Overwhelmingly, Fritz Heider and Marianne Simmel’s students felt the big triangle was bullying the other shapes, imagining their emotions and even constructing a plot around what was going on. The experiment illustrates how humans can find narratives pretty much everywhere, no matter how tortuously constructed. 

Narratives matter and have always mattered enormously to markets. Nobel laureate Robert Shiller has even written a book on how the stories we tell ourselves can shape economic ebbs and flows. But over the past year, a condensed, modern form of narrative — the internet meme — has grown deep roots in markets and evolved from attempting to capture reality to actually helping distort it. 

Memes are easily-digestible and shareable images or videos, often in the form of a snapshot from popular culture, tweaked with custom captions to send myriad messages, from amusing self-deprecation to arch political commentary. 

It may seem ludicrous, but financial memes can arguably shape perceptions just like verbose investment bank reports or newspaper opinion pieces.

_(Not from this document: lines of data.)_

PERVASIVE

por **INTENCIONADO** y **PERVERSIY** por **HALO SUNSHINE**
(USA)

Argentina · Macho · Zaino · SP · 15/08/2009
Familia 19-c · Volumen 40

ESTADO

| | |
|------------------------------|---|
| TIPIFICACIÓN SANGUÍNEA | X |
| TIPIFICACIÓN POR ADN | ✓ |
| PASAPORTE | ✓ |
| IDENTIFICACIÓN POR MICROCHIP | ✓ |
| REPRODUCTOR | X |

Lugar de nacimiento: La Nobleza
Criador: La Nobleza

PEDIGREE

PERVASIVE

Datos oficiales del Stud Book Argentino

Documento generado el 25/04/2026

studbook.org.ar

Arguably more so among younger generations with less patience for long-winded, staid traditional news and analysis. If a meme spreads, it can have a sizeable impact at a time when retail trading is a rising force in markets. 

“Individually, a meme from one small account probably won’t do much, but if it’s a concerted effort and it goes viral, then there is the possibility to drive the share price,” says a prominent finance “meme lord” known as Litquidity on Instagram where he has over half a million followers. He has declined to give his real name. 

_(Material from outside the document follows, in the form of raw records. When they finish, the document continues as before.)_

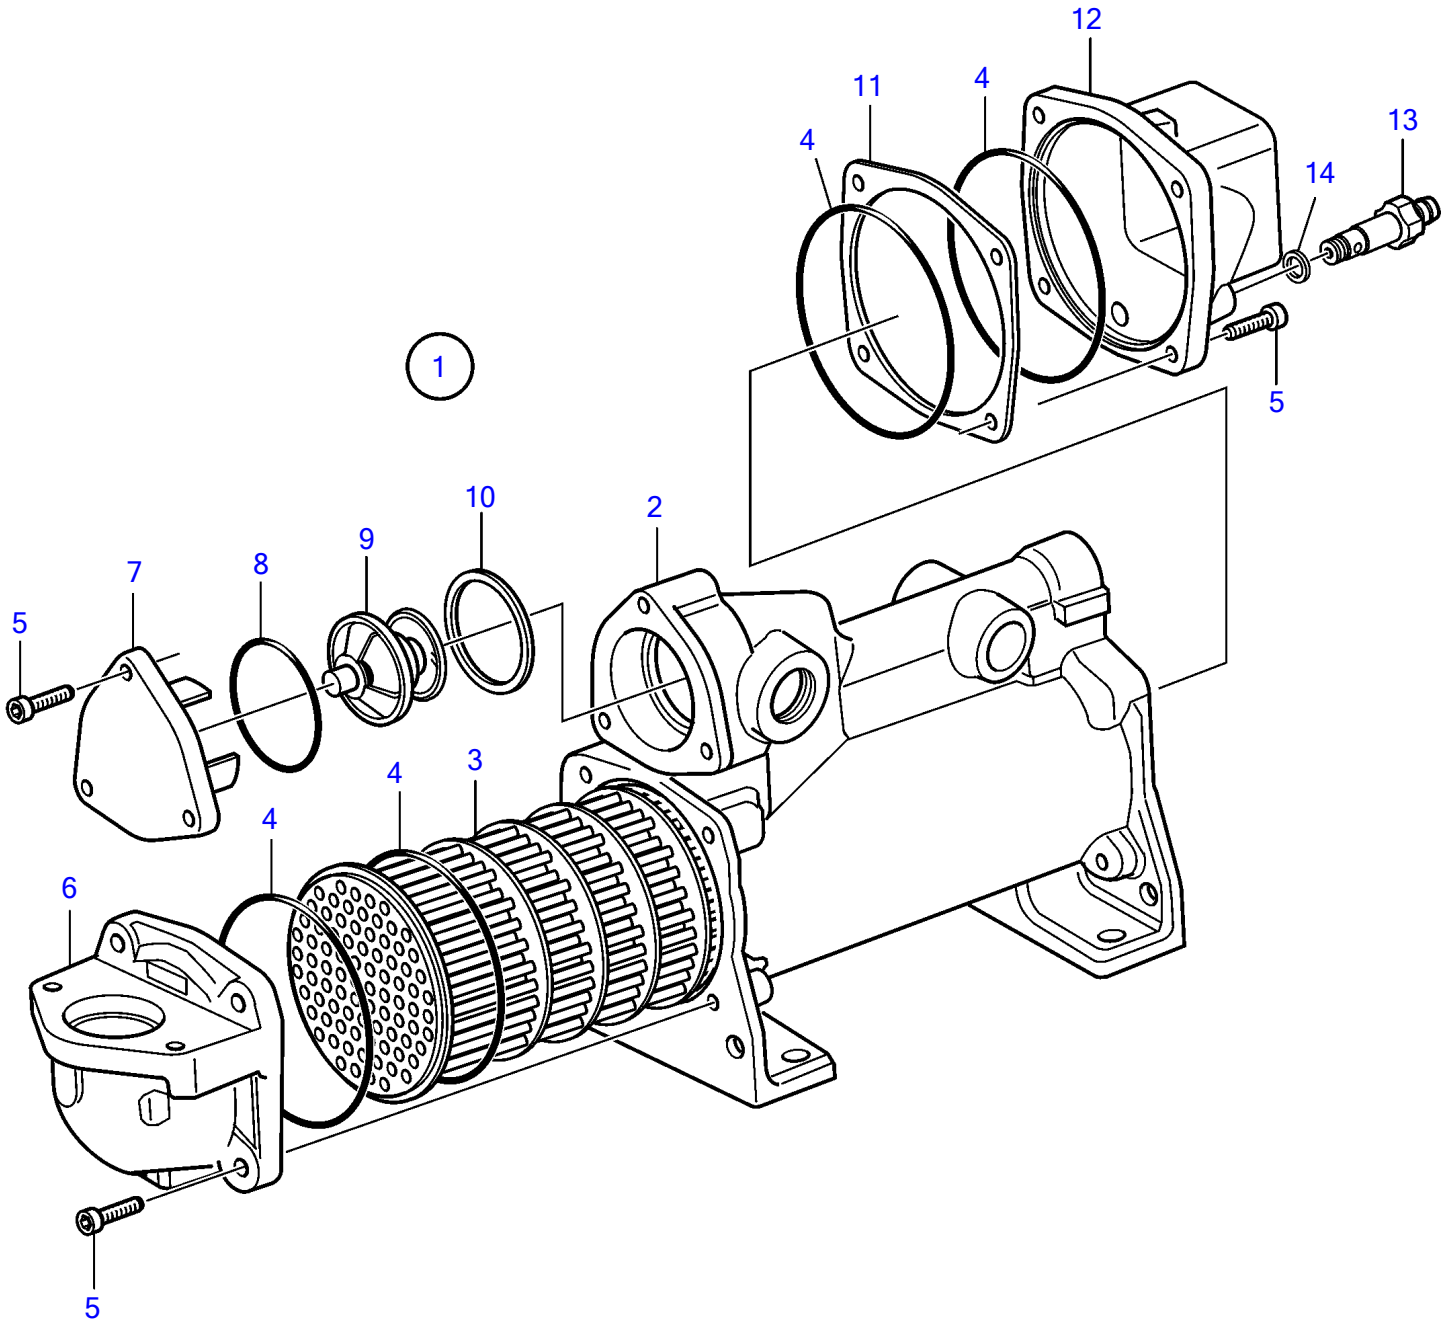

D16C-A MH, D16C-B MH, D16C-C MH

23503

D16C-A MH, D16C-B MH, D16C-C MH

REF	PART NO.	QTY	DESCRIPTION
1		1	Oil cooler
2	3887420	1	• Housing
3	3887419	1	• Heat exchanger eleme
4	3838336	4	• O-ring
5	941761	11	• Hex. socket screw
6	3887422	1	• End cover
7	3887402	1	• Cardboard tube
8	3588888	1	• O-ring
9	3887403	1	• Thermostat
10	3584299	1	• Gasket
11	3838335	1	• Spacer
12	3887421	1	• End cover
13	3583822	1	• Draining nipple
14			• • O-ring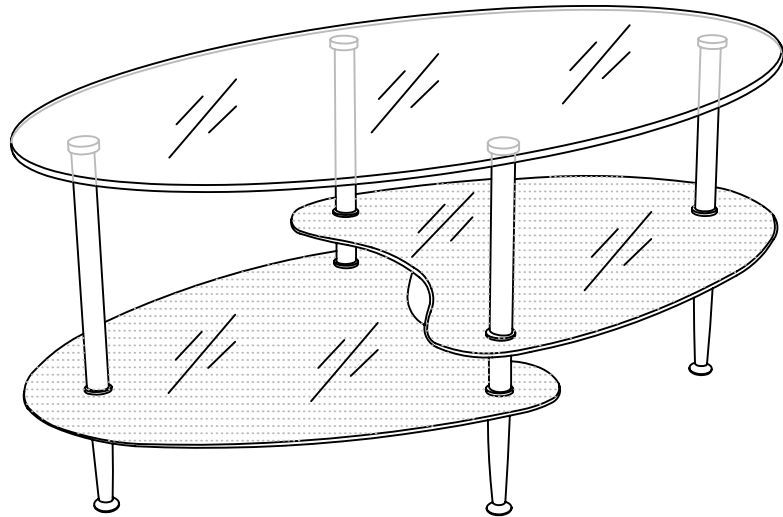

SAV
SPAREPARTS
KUNDERDIENST
POS VENTAS
SERVICE NA VERKOOP
SERVIZIO POST- VENDITA
SERVICO DEPOIS DE VENDA
SERWIS POGWARANCY JNY

7460-00

5592-00

Joko

0H 45MN

(FR) SECURITE

RESPECTER LES INSTRUCTIONS DE MONTAGE DECRITES DANS LA NOTICE

① x1	950 x 500 x 6mm	⑤ x2	Ø25 x 60mm
② x2	600 x 500 x 6mm	⑥ x1	Ø25 x 200mm
③ x3	Ø25 x 210mm	⑦ x3	Ø25 x 130mm
④ x1	Ø25 x 280mm		

1

2

3

4

5

6

Memes have long been central to the rise of various cryptocurrencies, but their impact is starting to be felt in mainstream markets as well. This is most vividly highlighted by the mayhem surrounding a bunch of meme-friendly stocks adopted by a horde of online retail traders this year.

Line chart of Share price increase year to date (%) showing AMC and GameStop remain most heavily traded "meme stocks"

Shares in video game retailer GameStop and cinema chain AMC have climbed over 1,000 per cent and 2,600 per cent respectively this year, giving them a combined market value of $46bn, overwhelmingly thanks to meme-inspired trading by young retail investors loosely organised on social media sites.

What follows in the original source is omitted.